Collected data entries
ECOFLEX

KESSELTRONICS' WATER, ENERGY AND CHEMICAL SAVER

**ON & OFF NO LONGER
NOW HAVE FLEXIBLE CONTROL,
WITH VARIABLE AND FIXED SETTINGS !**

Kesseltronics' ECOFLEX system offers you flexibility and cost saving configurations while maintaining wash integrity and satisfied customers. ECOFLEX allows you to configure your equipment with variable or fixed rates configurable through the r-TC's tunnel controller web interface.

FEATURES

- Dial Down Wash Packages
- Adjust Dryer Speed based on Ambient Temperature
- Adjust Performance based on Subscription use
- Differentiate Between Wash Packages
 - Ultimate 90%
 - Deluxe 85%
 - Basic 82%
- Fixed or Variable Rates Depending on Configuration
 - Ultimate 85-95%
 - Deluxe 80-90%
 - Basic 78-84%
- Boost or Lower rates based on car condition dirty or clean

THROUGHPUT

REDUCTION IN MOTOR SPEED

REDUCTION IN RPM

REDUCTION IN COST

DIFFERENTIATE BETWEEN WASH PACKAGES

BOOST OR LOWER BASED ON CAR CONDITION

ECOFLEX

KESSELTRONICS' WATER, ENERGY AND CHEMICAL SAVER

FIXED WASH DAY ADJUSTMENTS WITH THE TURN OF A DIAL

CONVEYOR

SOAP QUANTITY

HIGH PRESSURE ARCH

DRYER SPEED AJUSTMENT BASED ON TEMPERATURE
* * *
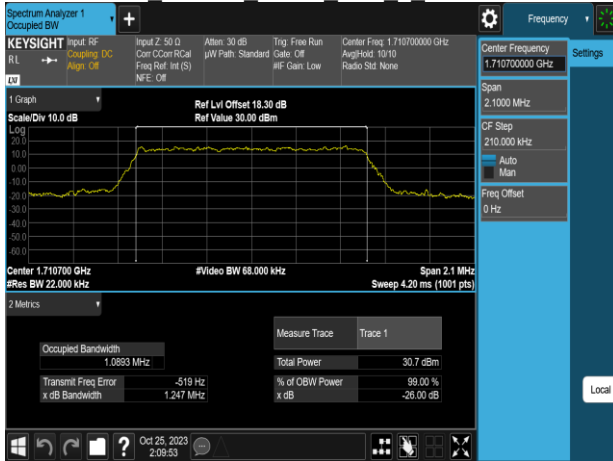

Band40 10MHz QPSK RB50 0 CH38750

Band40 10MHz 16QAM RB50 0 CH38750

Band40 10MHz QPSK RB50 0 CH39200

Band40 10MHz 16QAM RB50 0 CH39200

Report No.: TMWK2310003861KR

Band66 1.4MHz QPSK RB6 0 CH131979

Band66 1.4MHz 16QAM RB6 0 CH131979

_INSTRUCTIONS FOR THE TASK_:
Beginning at the line above that contains "Band66 1.4MHz QPSK RB6 0 CH131979", return each line exactly through the line that contains "Band66 1.4MHz 16QAM RB6 0 CH131979", and no others.

_FINAL ANSWER_:
Band66 1.4MHz QPSK RB6 0 CH131979

Band66 1.4MHz 16QAM RB6 0 CH131979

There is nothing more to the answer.